Wallace High School Indian Recipe to change your Life!

Written by | Charity, News

Take 9 Lisburn A-Level students, 3 teachers and a Head-teacher. Mix with an inspirational charity, ASHA, and place to rise in the poorest slums of Delhi. The result? Thirteen lives and a school community, well and truly challenged.

October 23rd marked the date of departure. We had been team-building, fundraising and inoculating for 14 months. Representatives from the charity, ASHA, had been sending preparation materials and Health and Safety talks had been delivered on the perils of Delhi’s drinking water, packs of wild dogs and monkeys and holy cows!

By the time the Richmond coach pulled up to the WHS gates to transport us to our flight from Dublin, we were buzzing with anticipation, ready to roll up our sleeves and to engage with the inspiring work of Dr Kiran Martin’s charity, ASHA.

Bethany Henry, Mayapuri slum children

Our allotted slum, Mayapuri, is based in an industrial area of factories and scrap metal breakage yards. Our first sight of the slum was marked by the mounds of discarded rubbish and the stripped carcasses of cars, vans and tuk tuks. The grease and grime was thickly ingrained in the hands and faces of the men stripping back car chassis and reclaiming every available wire from circuit boards. But the most shocking sight was the small, shoe-less children, armed with magnets on sticks, crouched and picking through the fetid refuse, scavenging any morsel of metal to be sold and melted, bringing a small income to their family. These dirty-faced youngsters raced to meet the Western faces descending from the cars, flashing beautiful wide smiles, holding out little hands to be shaken and asking for photographs to be snapped and shown.

Our nine students in clean, Indian-styled salwar kameeze embraced the children, moved by their open welcome and warm greetings. This was our first lesson in the community-building power of the values expounded by ASHA. The name of this charity means Hope, the value at the heart of their work. It was this hope that was the overwhelming feeling that we experienced throughout our 10 day trip.

The ASHA resource centre in Mayapuri delivers pre and post-natal healthcare to all people in the slum. They fund a full-time trained nurse, the tireless and gutsy Thresi, to work with and to train Community Health Volunteers, (CHVs), to deliver inoculations to each child, to prescribe antibiotics and to oversee the general health of the entire community. Even the children are trained to identify the symptoms and to treat with home-made remedies any diarrhoea-related illnesses. This has had such an impact on the slum that there have been no diarrhoea-related deaths there for three years.

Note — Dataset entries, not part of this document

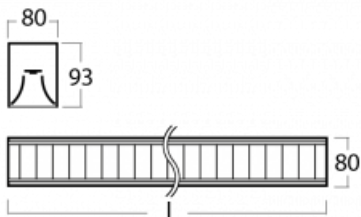

Svítidlo

Lina80-S

11S-531M-20GGE/840, B

EPD®

Svítidla rodiny Lina80-S nabízíme v přisazené, závěsné a vestavné variantě, i s prosvětlenými rohy. Systém spojený do dlouhých linií či různých tvarů pomocí překrývaných spojů, které neprosvítají, uplatníte v malé kanceláři i velkém sále.

Technický výkres

Typ montáže	Závěsné
Typ vyzařování	Přímo-nepřímé
Tvar svítidla	Lineární
Barva svítidla	Černá
Materiál	Hliník
Životnost	L90/B50 50 000 hodin
Záruka	60 měsíců
Popis svítidla	Svítidlo závěsné
Popis zboží	mřížka matná
Rozměry	1127 mm × 80 mm × 93 mm
Světelný zdroj	LED MODUL
Druh optiky	Matná parabolická hliníková mřížka
Světelný tok*	5520 lm ± 10 %
Teplota chromatičnosti	4000 K studená bílá
Měrný výkon	117 lm/W
MacAdam zdroje	2
Index podání barev	80
UGR max. X=4H Y=8H, ρ=70,50,20	17.2
Příkon svítidla	47.2 W ± 10 %
Zapojení svítidla	Předřadník nestmívatelný
Elektrické napětí	220-240V
Frekvence	50/60Hz

metal picker kids, Mayapuri

ASHA has been working in Mayapuri for twenty three years and on our first day at the resource centre, we were invited to listen to the Mahila Mandal, the women’s pressure group. The charity structures these groups, training women and children (the Bal Mandal groups), to find a political voice to canvass their local government for improvements in infrastructure and facilities in their local area. Twenty three years ago, the Mahila Mandal spokeswoman told us, there were no toilets in the entire slum. The ladies covered their faces with veils and had to relieve themselves in the public park where factory workers would molest them. Thanks to the work of ASHA, the ladies have succeeded in pressuring local government to build public toilets with running water. The ladies now feel safe to walk with faces uncovered and to go about basic hygiene routines unbothered and with dignity.

Mayapuri Bal Mandal kids

Our main role in the centre was to work with the children selected by ASHA to have extra lessons in English. The Wallace pupils had worked extremely hard to prepare teaching materials in advance, worksheets, flashcards, posters, and their enthusiasm and care in the lesson deliveries was very touching to observe. The Mayapuri children were like knowledge sponges. Their faces lit up when we gave them a pencil and a yellow exercise book in which to keep their notes. They are so happy with so little, a sobering lesson to us as we live with such wealth, waste and excess. We also taught the children new games, (wink murder and dodge ball were top favourites), taught them some songs and delivered arts and crafts lessons. Loom bands have finally hit Delhi, thanks to WHS!

Mayapuri loom band mania

But for all of our input into the lives of these children, we have gained so much more in return. The generosity, contentment and determination of the adults and children working with ASHA, to build a better future for themselves, their families and their community is inspiring and humbling. Tarun is one of over 800 university students that ASHA is supporting through their studies this year. He is in his third year of a Business Studies degree and hopes to save enough to start his own printing press business in Mayapuri. You see, his father is a printing press operator and earns around the average for a Delhi slum dweller, £1.50/day. Tarun wants to employ his father and other slum dwellers and pay them a fair wage, thus helping to raise the living standards of his community. This is the testimony of the work of this charity. This is the testimony that we want to share. This is the recipe for a life well lived in the spirit of ASHA, the spirit of Hope.